There are going to be people who won't ever pay for anything ever. They're going to hit every download site they can find. If they want it they'll find a way to get it for free because, really, just about everything is available for free.
And then there are the people who make up the other 70% in the middle. The ones who might snag it for free if they stumble onto it but are just as likely to pay it (at a reasonable price) if they find it there first or more conveniently. They're not bad people and they're not really dishonest people. They're just consumers who are stuck in an imperfect system.
And they're the ones that DRM has to be designed for. That's why I do like what Amazon is trying to do with their Prime Lending, and with their book borrowing programs for eBooks. I think they get that people want those freedoms that come with Dead Trees but are willing to work with some restrictions so that a .prc file doesn't end up mass emailed.
So... there's an answer. I've honestly no idea if it's good or not.
I also admit to two things: A) I used to download No-CD hacks for every game I bought. I bought a game, installed it, found what No CD hacks were out there and then patched to that version. I hated to have to find the CD to play a game when I had already bought the content. B) I also recently went off on a major rant about people's impatience with content. In that rant it was about how some people justify downloads because they can't wait a few weeks for something to be come available in their region. But that's a little different...
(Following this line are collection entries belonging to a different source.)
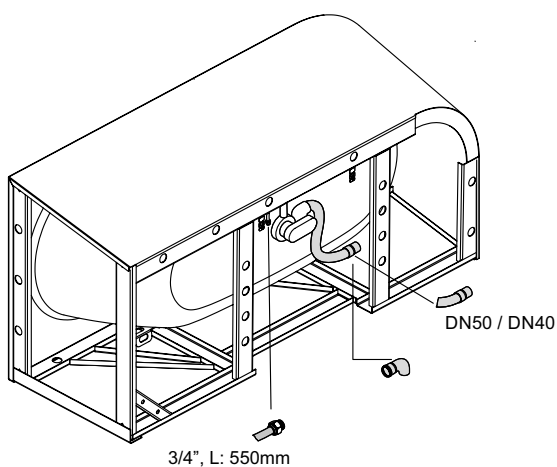

Leveringsomvang

Inclusief geluiddempende matten.

Aansluitmaat voor af- en overloopgarnituur

Afmeting

Bestelnr.	Maat in mm	A	B	I	K	R	U	V	V1	W	W1	Inhoud*
6650 CERVK	1650 × 750 × 420	1650	750	1170	455	375	540	1550	570	650	665	92 Liter
6660 CERVK	1750 × 800 × 420	1750	800	1270	505	400	590	1650	570	700	715	122 Liter
6670 CERVK	1850 × 850 × 420	1850	850	1370	555	425	640	1750	570	750	765	155 Liter
6677 CERVK	1950 × 950 × 420	1950	950	1470	625	475	735	1850	590	850	865	205 Liter

*Inhoud: waterinhoud minus 70 liter waterverplaatsing.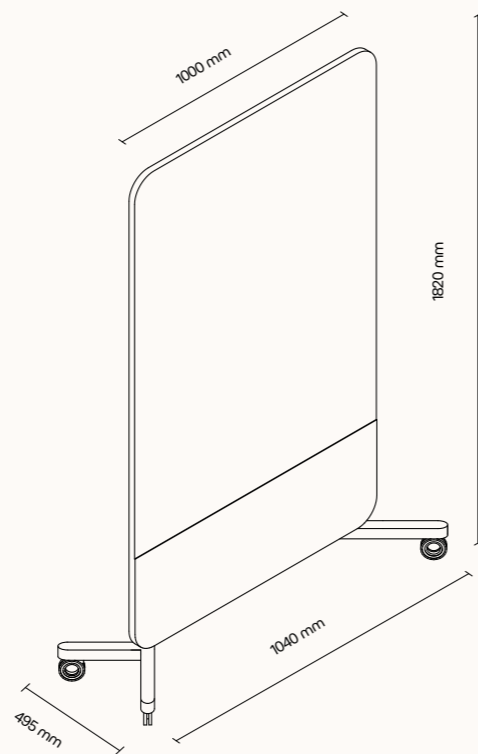

SHADE MARK

Paraván SHADE MARK v sobě kombinuje dvě užitečné funkce, které v kanceláři bezesporu oceníte. Stejně jako naše ostatní paravány pohlcuje zvuk a navíc ho můžete používat jako tabuli na psaní. Z jedné strany je umístěna skleněná, magnetická, popisovatelná plocha, kterou můžete používat pro vaše prezentace, brainstormingy či jiná týmová setkání.

TECHNICKÉ INFORMACE

základní rozměry	standardní výška 1820 mm včetně koleček 1700 mm paraván 1350 mm popisovatelná plocha
	standardní šířka 1040 mm včetně koleček 1000 mm paraván
materiál	nosný rám vyplněný materiálem pohlcujícím zvuk, skleněná popisovatelná plocha, lakovaná kovová lišta (RAL 9003)
povrchová úprava	dekorativní látka dle vzorníku
stojné nohy	lakovaná překližka, šedá kolečka

SEZENÍ POHLCOVAČE ZVUKU OSVĚTLENÍ SOUNDMASKING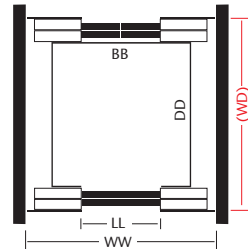

Hiss med genomgång / Centrumöppnande
630 ... 1000 kg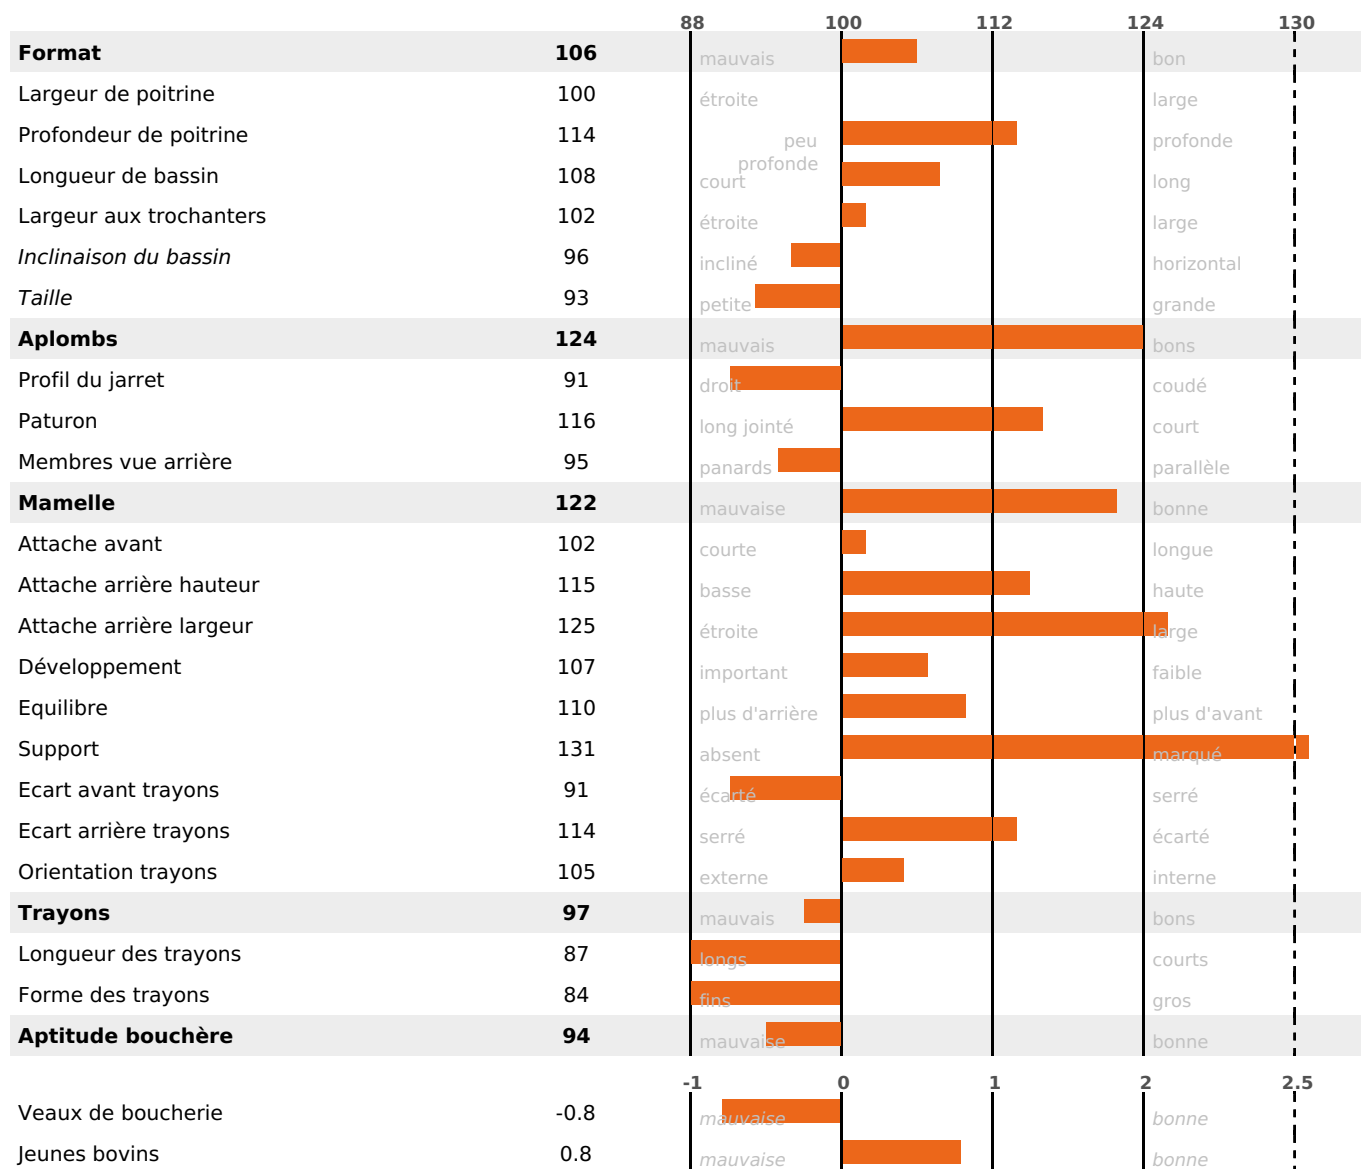

PRODUCTION

Synthèse laitière **+45**

188 fille(s) - 153 troupeau(x) - **CD 94%**

LAIT	MP	MG	TP	TB	K-CAS	B-CAS
+483	+35	+36	+2.8	+2.5	BB	A2A2

FONCTIONNELS

MILCA : MIF / MTCP : MTF

MTETR : MTRF

NAI	VEL	VIN	VIV
95	95	95	95

SANTÉ

2.4

NOU
VEAU

67 fille(s) - 57 troupeau(x) - CD 77

FR 5245423226 - N° 96871

NAISSEUR : M SPRINGINSFELD DOMINIQUE

MÈRE : NOISETT

2-305 10758KG 42.1 34

The Microsoft e-reader site will close in June.
You can then stick those ebooks next to your
8-track tape and Betamax collection.

@Tamahome - exactly. And what a perfect name if only for illustration purposes. Any name you can put "won't" or "doesn't" in front of when it quits working gets an A+ in my book.

I know what their arguments are as to why these stores have to geoblock the sale, but it still doesn't change that frustration you feel when you are prepared to spend actual money on something and get the slap down. Worse is the way Audible tries to hide the fact they even have the book rather than just being honest and displaying it upfront as unavailable.